Pretentious or not, Empress Of serves a quality product: dreamy pop with electronic flourishes that add intriguing textures and rhythms. She's also early in her career, with only two EPs to her name, so she's got plenty of room to grow.
Here are three songs to check out before her Oct. 31 performance at the UW Union South Sett.
Several versions of this song are floating around the Internet. One, recorded in Brooklyn, N.Y., two years ago, presents the artist as a sweet-voiced angel dressed in lace. She plays a piano, emoting as she sings lyrics like "Don't tell me it's too late for us/I want to wake up with you/By your side/Watching skies all through the night." With swirls of keyboard, hazy reverb and a slow, bass-laden beat, the official video seems tailor-made for a steamy makeout session, not the hopeful hand-holding the former recording brings to mind. Both renditions are jaw-droppingly beautiful, though.
The Guardian names this track when dubbing Empress Of's work "torch songs from another dimension," while others have commented that it seems to be about a ghostly figment of the artist's imagination. It marries the gauzy magic of a '90s shoegaze song by My Bloody Valentine with the dark sentimentality of a Lykke Li tune, without sounding derivative of either.

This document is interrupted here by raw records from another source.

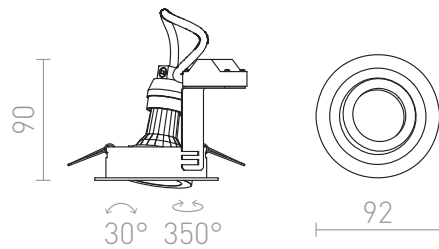

PASADENA GU10 R

Luminária circular aveludada em design de alumínio com possibilidade de articulação.

Preço recomendado incluindo IVA

R12708

PASADENA GU10 R embutida alumínio
escovado 230V GU10 50W

19,-

3D model

Synth melodies emerge in loops, giving the song a hypnotic quality as Empress Of asks her spectral lover to reveal what her future will be. This song should be a hit if she performs it at her Halloween gig.
Empress Of delivers her lyrics in Spanish on this mystical track about melancholy and the moon. But understanding the words isn't necessary for enjoying the tune. The original recording boasts a haunting minor-key intro that gives way to a rhythmic interlude of labored breathing and a virtuosic chorus of whoas and space noises. El Guincho's remix dresses the track for a club with a glitchy beat and the sound of a crowd chattering in Spanish, then sprinkles snippets of the original over a lounge-style keyboard melody. Delorean's version drapes the song in smiles and rainbows, adding cheerful, bell-like synth sounds fit for a J-pop hit.